See Middleware — Stop agent when all tools are denied for the implementation.
Streaming mode¶
When using streamEvents(), you don’t need to extract ToolUseBlocks from the returned Msg — the event stream delivers a RequireUserConfirmEvent that carries the pending tool calls directly:
import io.agentscope.core.event.AgentEvent;
import io.agentscope.core.event.ConfirmResult;
import io.agentscope.core.event.RequireUserConfirmEvent;
import io.agentscope.core.message.Msg;
import io.agentscope.core.message.MsgRole;
import io.agentscope.core.message.ToolUseBlock;
import java.util.HashMap;
import java.util.List;
import java.util.Map;
// Subscribe to the event stream
agent.streamEvents(List.of(new UserMessage("Delete /tmp/important.txt")))
.doOnNext(event -> {
if (event instanceof RequireUserConfirmEvent confirmEvent) {
// Get pending ToolUseBlocks directly from the event
List<ToolUseBlock> pending = confirmEvent.getToolCalls();
pending.forEach(t ->
System.out.println("Pending: " + t.getName() + " " + t.getInput()));
// Collect user decision, store pending list for the resume call
}
})
.blockLast();
// Resume is the same as with the blocking API: build ConfirmResult in metadata
List<ConfirmResult> confirmResults =
pendingTools.stream()
.map(t -> new ConfirmResult(true, t))
.toList();
Map<String, Object> meta = new HashMap<>();
meta.put(Msg.METADATA_CONFIRM_RESULTS, confirmResults);
Msg resumeMsg =
Msg.builder()
.name("user")
.role(MsgRole.USER)
.textContent("approved")
.metadata(meta)
.build();
agent.call(List.of(resumeMsg)).block();
Comparison of the two modes:
Blocking |
Streaming |
|
|---|---|---|
Getting pending tools |
Filter |
Get directly from |
Resuming |
Same: build |
Same |
Use case |
REST APIs, simple synchronous services |
WebSocket, SSE, real-time UIs |
Unattended mode¶
In CI or cron-job scenarios with no human operator, set the mode to DONT_ASK so that all ASK decisions degrade to DENY automatically:
PermissionContextState headless =
PermissionContextState.builder()
.mode(PermissionMode.DONT_ASK)
.addAllowRule(
"safe_read",
new PermissionRule(
"safe_read", null, PermissionBehavior.ALLOW, "policy"))
.build();
// ASK-rule hits are auto-denied — no blocking wait
Full runnable example: agentscope-examples/documentation/.../hitl/PermissionHITLExample.java.
Common recipes¶
The examples below show how to configure permissionContext for typical deployment scenarios. Each recipe combines a mode with a rule set tuned for one use case.

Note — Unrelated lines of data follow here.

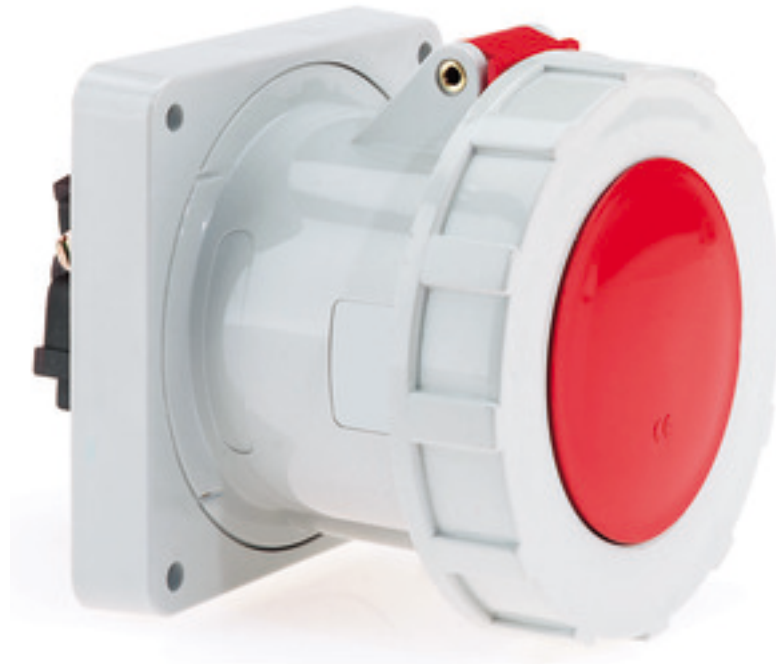

Панельная розетка прямая - Фланец 130x130, крепление 104x104

Описание изделия	
№ арт. BALS	13436
Код EAN	4024941134361
Группа продукции	Панельная розетка прямая
Сила тока	125 A
Кол-во полюсов	5-пол.
Расположение фаз	3 фазы+N+PE
Положение заземляющего контакта	6 ч
	от 200/346 до 240/415 В
Частота	50 и 60 Гц
Степень защиты	IP67

Описание изделия	
Маркировочный цвет	красный
Цвет прибора	Откид. крышка красная RAL 3000, Байон. кольцо серый RAL 7035, Корпус серый RAL 7035
Соединение	Винтовые столбчатые клеммы с контактом Kontex
Макс. поперечное сечение кабеля	70,0 мм <sup>2</sup>
Кабельный ввод	null
Высота прибора, мм	130mm
Ширина прибора, мм	130mm
Глубина прибора, мм	166mm
Вертик. размер фланца, мм	130mm
Гориз. размер фланца, мм	130mm
Вертик. расстояние между отверстиями, мм	104mm
Гориз. расстояние между отверстиями, мм	104mm
Материал корпуса	Полиамид
Контакты	Контактная подложка из термостойкого материала, Контакты из никелированной латуни

// EXPLORE mode: agent freely calls read-only tools; all writes are auto-denied.
PermissionContextState explore =
PermissionContextState.builder()
.mode(PermissionMode.EXPLORE)
.build();
ReActAgent explorer =
ReActAgent.builder()
.name("explorer")
.sysPrompt("...")
.model(model)
.permissionContext(explore)
.build();
import io.agentscope.core.permission.PermissionBehavior;
import io.agentscope.core.permission.PermissionRule;
PermissionContextState ci =
PermissionContextState.builder()
.mode(PermissionMode.DONT_ASK)
.addAllowRule(
"deploy",
new PermissionRule(
"deploy", "staging", PermissionBehavior.ALLOW, "project"))
.addAllowRule(
"git_commit",
new PermissionRule(
"git_commit", null, PermissionBehavior.ALLOW, "project"))
.build();
ReActAgent ciAgent =
ReActAgent.builder()
.name("ci_agent")
.sysPrompt("...")
.model(model)
.permissionContext(ci)
.build();
// Only explicitly allowed commands run; everything else is silently denied.
PermissionContextState bypassWithDeny =
PermissionContextState.builder()
.mode(PermissionMode.BYPASS)
.addDenyRule(
"drop_table",
new PermissionRule(
"drop_table", null, PermissionBehavior.DENY, "userSettings"))
.addDenyRule(
"force_push",
new PermissionRule(
"force_push", null, PermissionBehavior.DENY, "userSettings"))
.build();
// Everything except the explicitly denied tools runs (deny rules can't be bypassed).